Copy each line below containing "Display".

Stored records:
[Start of Attachment]

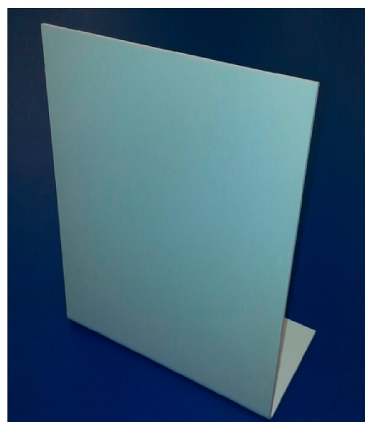

### 2 Great Sizes!

- For Counter, Desk, or Tables
- Pull up for easy setup
- Graphic retracts back into base
- Printed graphic not included

Graphic Area	Roll Up Display	Retractable Graphic
12" x 8"	<b>\$29.00</b>	<b>\$37.33</b>
16" x 11.5"	<b>\$29.00</b>	<b>\$44.06</b>

## Bent Easel

Desktop Display  
(non changable)

8 1/2" x 11"  
with Full Color Digital Print Applied to Face

**\$32.00**
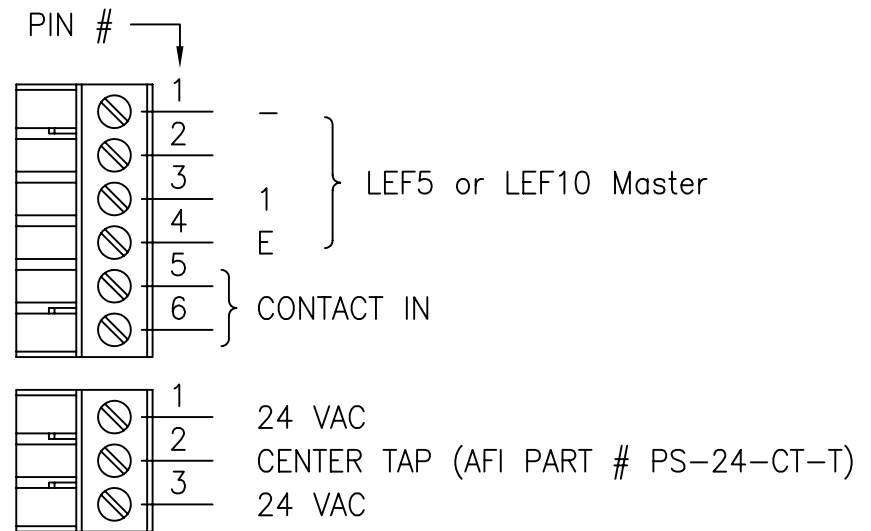

OLI – OPTICAL LEVEL INDICATOR:  
INDICATOR IS GREEN WHEN PROPER  
LEVEL IS PRESENT. IT IS RED WHEN  
SIGNAL IS MISSING OR AT INCORRECT  
LEVEL.

NOTE:  
MOUNTING DIMENSIONS  
3 1/4" x 6 1/4" O.C.

<b>afi</b> american fibertek 120 BELMONT DRIVE SOMERSET N.J.		DATE: 13 SEPT 07	MR-89A-L-2F-13S AIPHONE INTERCOM MASTER INTERFACE CUSTOMER ASSEMBLY DRAWING		
		ACAD FN.: MR-89A-L-2F-13S CC			
SCALE: NONE	DWG BY: BLB	DWG. NO.:	SH. 1 OF 1	REV.:	CHK.:

[End of Attachment]

• Answer to this exercise:
Graphic Area	Roll Up Display	Retractable Graphic
Desktop Display  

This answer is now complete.